DATA UNDER STUDY.
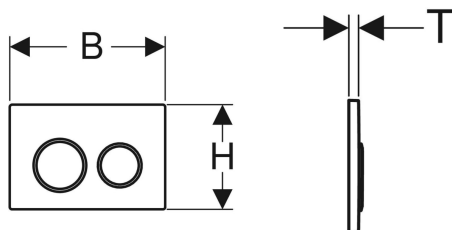

## Pulsador Geberit Omega20 para doble descarga

Imagen de ejemplo

### Información técnica

Fuerza de accionamiento | < 20 N

- 2 varillas de accionamiento
- Material de fijación

N.º de art.	Color / superficie	Material	B	H	T
115.085.KH.1	Placa y pulsadores: cromado brillante Embellecedores: cromado mate	Plástico	21.2 cm	14.2 cm	1 cm
115.085.KJ.1	Placa y pulsadores: blanco Embellecedores: cromado brillante	Plástico	21.2 cm	14.2 cm	1 cm
115.085.KK.1	Placa y pulsadores: blanco Embellecedores: dorado	Plástico	21.2 cm	14.2 cm	1 cm
115.085.KM.1	Placa y pulsadores: negro Embellecedores: cromado brillante	Plástico	21.2 cm	14.2 cm	1 cm
115.085.JQ.1	Placa y pulsadores: lacado cromado mate, revestimiento fácil de limpiar Embellecedores: cromado brillante	Plástico	21.2 cm	14.2 cm	1 cm
115.085.16.1	Placa y pulsadores: negro mate lacado, revestimiento fácil de limpiar Embellecedores: negro	Plástico	21.2 cm	14.2 cm	1 cm
115.085.JT.1	Placa y pulsadores: blanco mate lacado, revestimiento fácil de limpiar Embellecedores: cromado brillante	Plástico	21.2 cm	14.2 cm	1 cm
115.085.01.1	Placa y pulsadores: blanco mate lacado, revestimiento fácil de limpiar Embellecedor: blanco	Plástico	21.2 cm	14.2 cm	1 cm
115.085.11.1	Placa y pulsadores: blanco Embellecedor: blanco mate	Plástico	21.2 cm	14.2 cm	1 cm
115.085.14.1	Placa y pulsadores: negro mate lacado, revestimiento fácil de limpiar Embellecedores: cromado brillante	Plástico	21.2 cm	14.2 cm	1 cm
115.085.DW.1	Placa y pulsadores: negro Embellecedores: negro mate	Plástico	21.2 cm	14.2 cm	1 cm
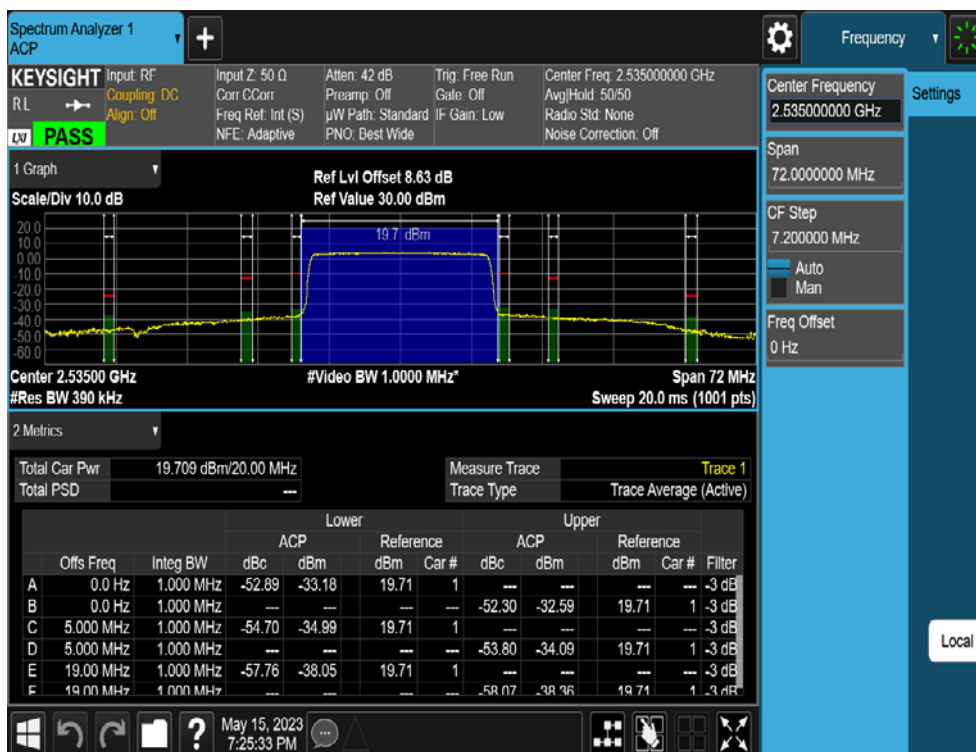

- Band Edge (Low CH)

LTE Band 41(38) / 10MHz / QPSK - RB Size/Offset (1/49)

- Band Edge (Mid CH)

LTE Band 41(38) / 10MHz / 16QAM - RB Size/Offset (50/0)

- Band Edge (High CH)

LTE Band 41(38) / 10MHz / QPSK - RB Size/Offset (50/0)

- Band Edge (Low CH)

LTE Band 41(38) / 5MHz / QPSK - RB Size/Offset (25/0)

- Band Edge (Mid CH)

LTE Band 41(38) / 5MHz / QPSK - RB Size/Offset (25/0)

- Band Edge (High CH)

LTE Band 41(38) / 5MHz / QPSK - RB Size/Offset (25/0)

8.3.9. LTE Band 7

- Band Edge (Low CH)

LTE Band 7 / 20MHz / QPSK - RB Size/Offset (1/99)

- Band Edge (Mid CH)

LTE Band 7 / 20MHz / QPSK - RB Size/Offset (100/0)

- Band Edge (High CH)

LTE Band 7 / 20MHz / QPSK - RB Size/Offset (100/0)

- Band Edge (Low CH)

LTE Band 7 / 15MHz / QPSK - RB Size/Offset (1/74)

- Band Edge (Mid CH)

LTE Band 7 / 15MHz / QPSK - RB Size/Offset (75/0)

- Band Edge (High CH)

LTE Band 7 / 15MHz / QPSK - RB Size/Offset (75/0)
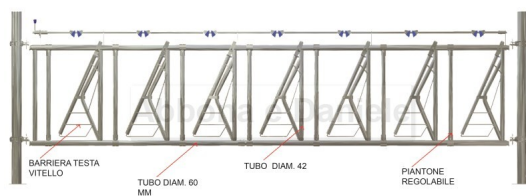

## AUTOCATTURA LIBERTY 6 MT 10 POSTI

### AUTOCATTURA LIBERTY 6 MT 10 POSTI

Valutazione: Nessuna valutazione

**Prezzo**

[Fai una domanda su questo prodotto](#)

Descrizione Autocattura modello liberty in ferro zincato a caldo per bovini adulti di mt.6,0 con 10 posti autocatturante. Realizzata con tubo orizzontale da 60 mm. Sistema anti soffoco ed anti rumore, con tubo regolabile per il passaggio della testa del bovino. Ogni pannello autocatturante ha ad ogni sua estremità 2 tubi estensibili per il fissaggio su piantone o staffa a muro. [Scheda tecnica](#) [Accessori](#) [Installazione](#)

DIRECTIONS FOR THIS TASK. Return the opening line of the data above and every line after it up to and including the line that holds "negro Embellecedores: cromado"; pictures stay out.

SOLUTION.
## Pulsador Geberit Omega20 para doble descarga

Imagen de ejemplo

### Información técnica

Fuerza de accionamiento | < 20 N

- 2 varillas de accionamiento
- Material de fijación

N.º de art.	Color / superficie	Material	B	H	T
115.085.KH.1	Placa y pulsadores: cromado brillante Embellecedores: cromado mate	Plástico	21.2 cm	14.2 cm	1 cm
115.085.KJ.1	Placa y pulsadores: blanco Embellecedores: cromado brillante	Plástico	21.2 cm	14.2 cm	1 cm
115.085.KK.1	Placa y pulsadores: blanco Embellecedores: dorado	Plástico	21.2 cm	14.2 cm	1 cm
115.085.KM.1	Placa y pulsadores: negro Embellecedores: cromado brillante	Plástico	21.2 cm	14.2 cm	1 cm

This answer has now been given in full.